§ Your task: Give back a single number: the count of lines in the data that contain the string "Square".

-------- Provided material

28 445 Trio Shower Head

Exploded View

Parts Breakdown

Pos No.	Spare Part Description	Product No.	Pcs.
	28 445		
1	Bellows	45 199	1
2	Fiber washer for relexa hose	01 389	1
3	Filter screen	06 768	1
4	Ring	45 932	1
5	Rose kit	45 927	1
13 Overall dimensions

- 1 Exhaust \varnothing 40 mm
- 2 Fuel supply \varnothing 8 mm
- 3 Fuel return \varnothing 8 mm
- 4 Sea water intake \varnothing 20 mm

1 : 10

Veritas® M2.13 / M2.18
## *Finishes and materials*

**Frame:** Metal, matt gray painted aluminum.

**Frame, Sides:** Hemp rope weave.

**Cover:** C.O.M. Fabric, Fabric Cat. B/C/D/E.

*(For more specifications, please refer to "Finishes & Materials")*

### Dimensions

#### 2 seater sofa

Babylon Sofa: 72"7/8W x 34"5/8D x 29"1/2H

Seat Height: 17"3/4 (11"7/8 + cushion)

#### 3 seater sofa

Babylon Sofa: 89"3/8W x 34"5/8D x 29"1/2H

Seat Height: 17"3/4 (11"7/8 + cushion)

----------------
-------- Provided material

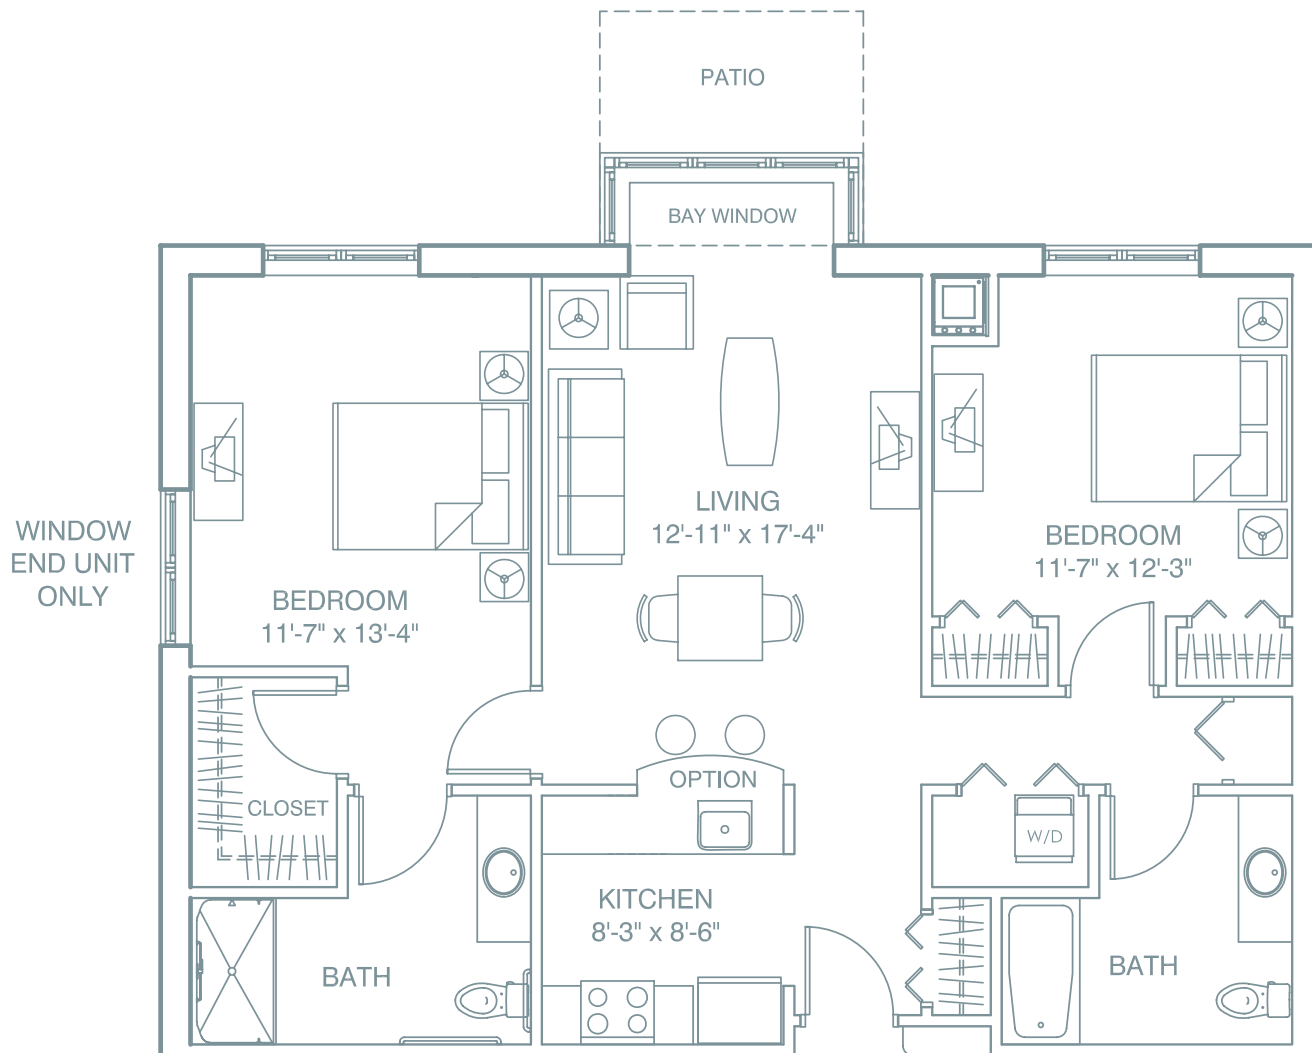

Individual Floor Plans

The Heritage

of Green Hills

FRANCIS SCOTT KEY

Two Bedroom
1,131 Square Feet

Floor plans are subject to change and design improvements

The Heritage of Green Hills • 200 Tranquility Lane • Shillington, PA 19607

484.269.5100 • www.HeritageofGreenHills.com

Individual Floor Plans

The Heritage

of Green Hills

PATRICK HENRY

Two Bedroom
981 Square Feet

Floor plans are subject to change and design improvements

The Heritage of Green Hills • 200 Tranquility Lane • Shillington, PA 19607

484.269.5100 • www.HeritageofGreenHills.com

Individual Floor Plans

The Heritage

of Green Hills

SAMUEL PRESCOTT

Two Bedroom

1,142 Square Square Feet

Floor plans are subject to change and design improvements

----------------
-------- Provided material

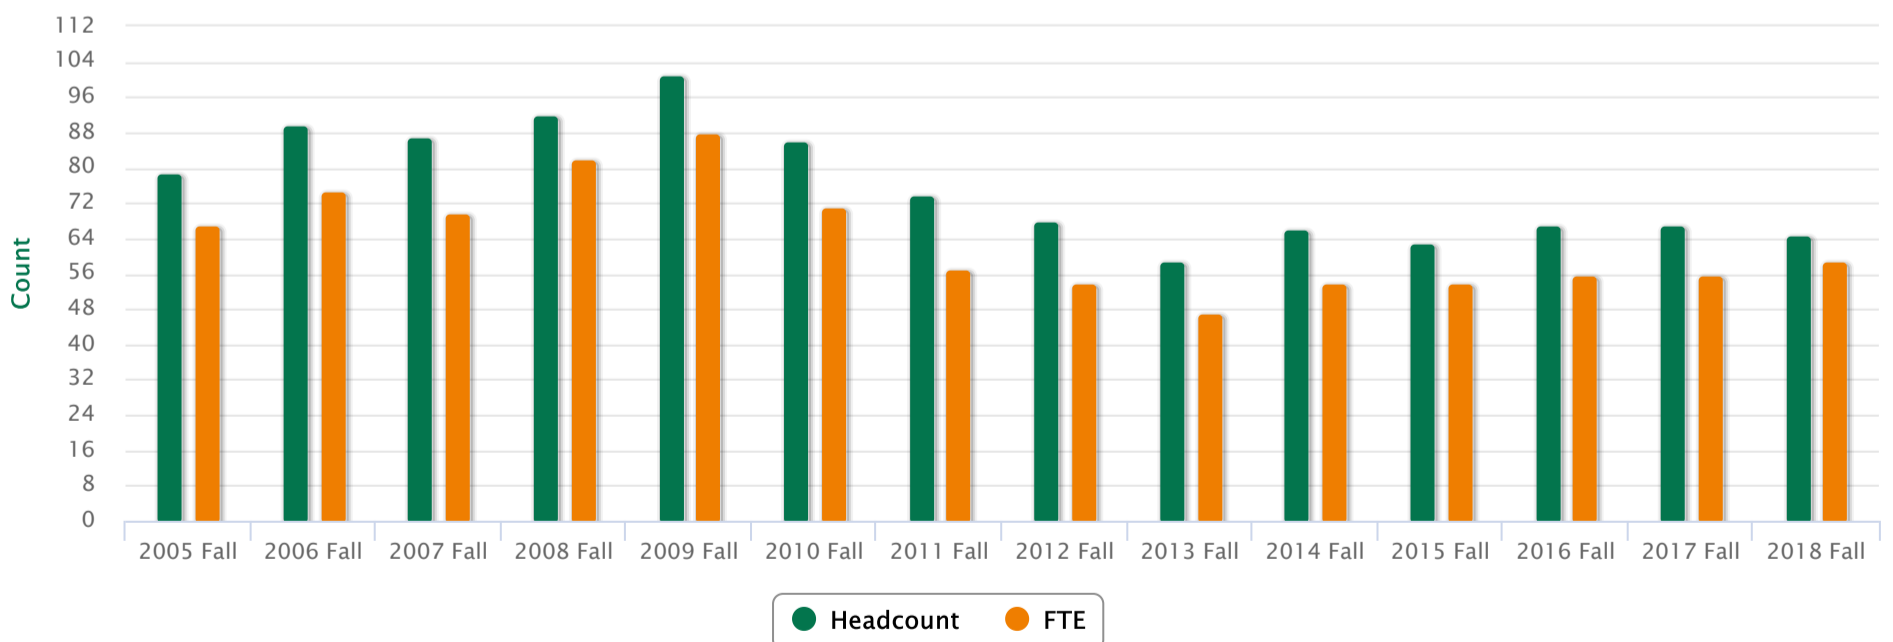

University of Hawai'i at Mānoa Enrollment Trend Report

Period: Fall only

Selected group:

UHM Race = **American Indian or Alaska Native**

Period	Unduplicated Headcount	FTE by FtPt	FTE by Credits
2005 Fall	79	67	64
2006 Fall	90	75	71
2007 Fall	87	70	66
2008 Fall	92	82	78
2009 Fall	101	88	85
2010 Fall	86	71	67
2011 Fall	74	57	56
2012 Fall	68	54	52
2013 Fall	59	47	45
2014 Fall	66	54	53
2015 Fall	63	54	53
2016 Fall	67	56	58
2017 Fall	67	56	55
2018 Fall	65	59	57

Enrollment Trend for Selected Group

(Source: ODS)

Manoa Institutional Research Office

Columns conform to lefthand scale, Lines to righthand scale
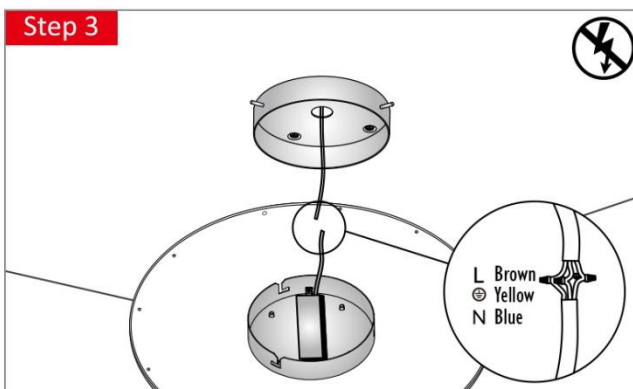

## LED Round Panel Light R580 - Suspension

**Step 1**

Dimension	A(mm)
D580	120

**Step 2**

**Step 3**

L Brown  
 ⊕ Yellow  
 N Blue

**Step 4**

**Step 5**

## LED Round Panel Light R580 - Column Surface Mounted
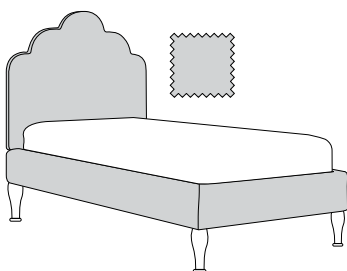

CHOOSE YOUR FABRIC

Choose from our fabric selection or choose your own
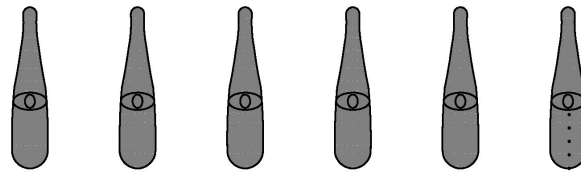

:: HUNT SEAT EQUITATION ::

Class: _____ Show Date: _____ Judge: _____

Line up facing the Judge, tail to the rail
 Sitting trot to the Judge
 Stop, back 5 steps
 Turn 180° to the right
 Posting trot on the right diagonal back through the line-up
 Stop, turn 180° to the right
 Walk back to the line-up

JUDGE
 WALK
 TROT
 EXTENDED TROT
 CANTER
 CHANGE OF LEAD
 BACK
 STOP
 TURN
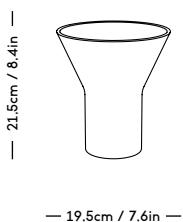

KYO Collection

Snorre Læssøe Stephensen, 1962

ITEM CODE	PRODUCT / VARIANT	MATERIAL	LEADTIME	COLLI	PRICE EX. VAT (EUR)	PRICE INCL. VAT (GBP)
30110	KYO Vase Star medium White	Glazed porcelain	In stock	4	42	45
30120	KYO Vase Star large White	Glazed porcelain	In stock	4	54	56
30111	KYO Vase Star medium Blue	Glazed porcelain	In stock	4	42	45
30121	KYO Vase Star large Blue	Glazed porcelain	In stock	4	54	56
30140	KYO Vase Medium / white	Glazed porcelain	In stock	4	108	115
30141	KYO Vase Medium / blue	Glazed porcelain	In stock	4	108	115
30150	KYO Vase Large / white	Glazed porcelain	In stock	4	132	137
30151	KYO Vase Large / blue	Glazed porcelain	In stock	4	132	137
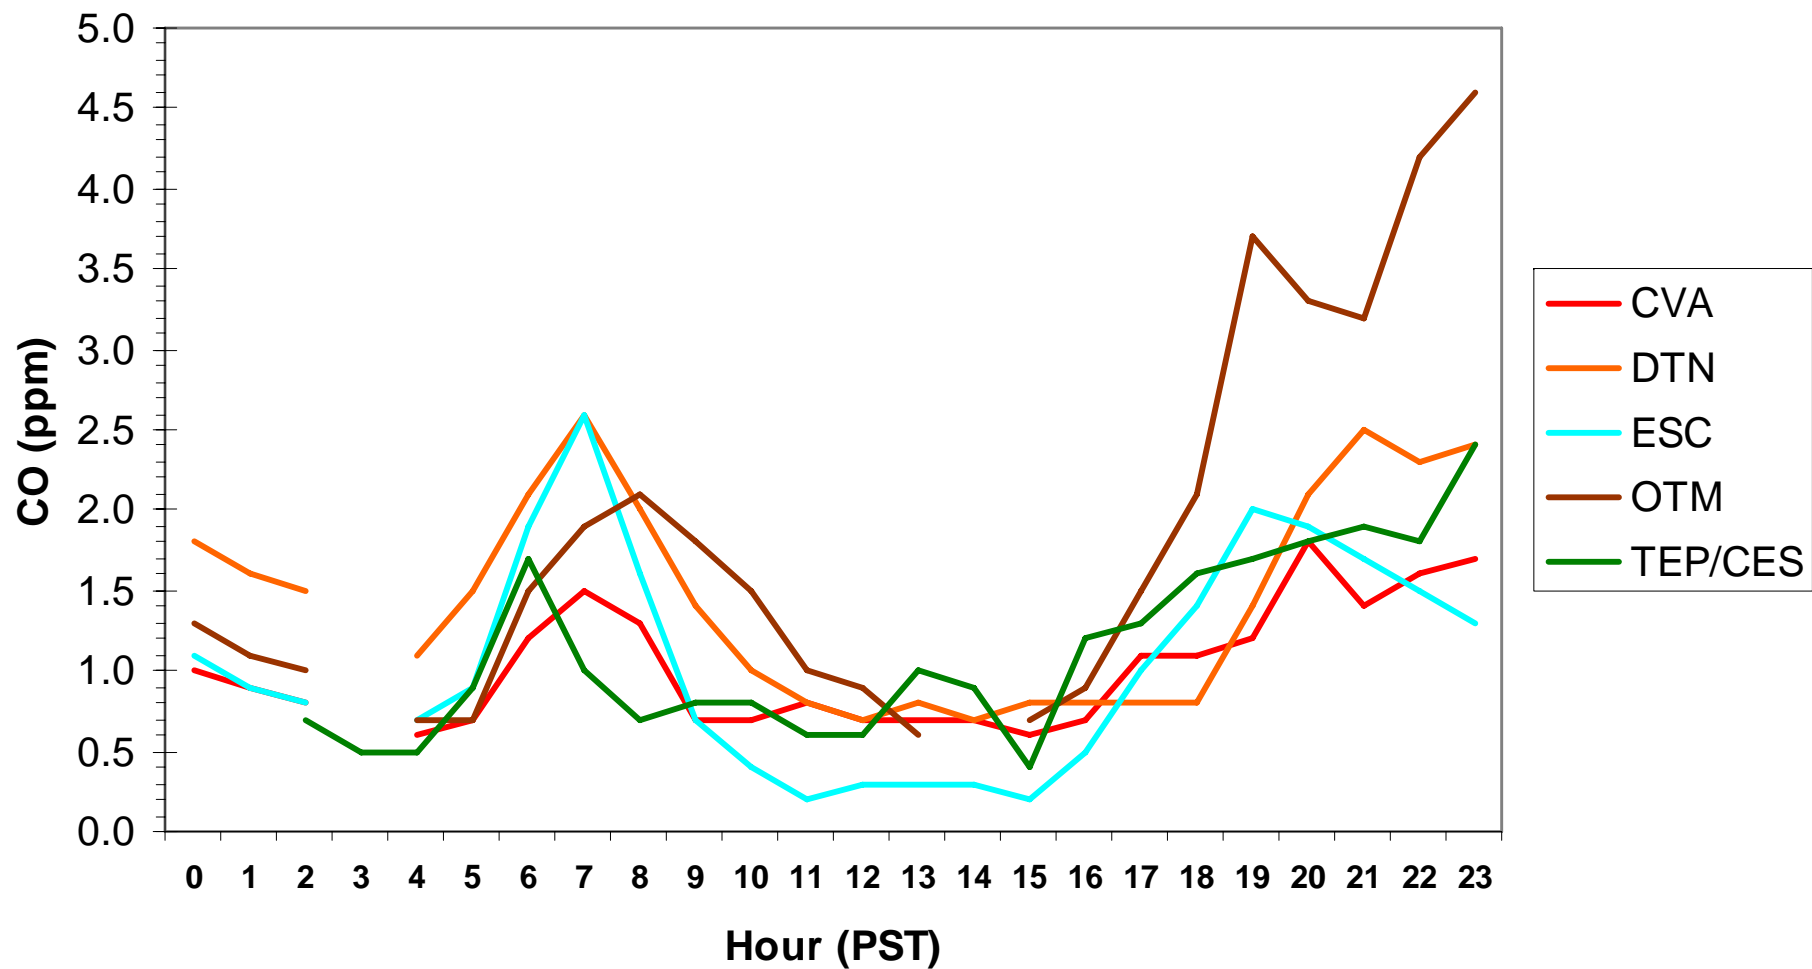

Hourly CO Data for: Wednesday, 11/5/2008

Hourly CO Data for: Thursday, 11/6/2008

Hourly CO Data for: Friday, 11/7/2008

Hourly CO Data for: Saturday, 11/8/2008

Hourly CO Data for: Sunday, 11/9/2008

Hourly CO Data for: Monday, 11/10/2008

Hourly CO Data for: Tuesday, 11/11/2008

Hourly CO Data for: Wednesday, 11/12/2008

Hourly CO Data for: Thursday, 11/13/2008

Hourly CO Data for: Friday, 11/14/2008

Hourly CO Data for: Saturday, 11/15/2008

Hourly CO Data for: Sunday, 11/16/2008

----------------

§ Output of the exercise: 3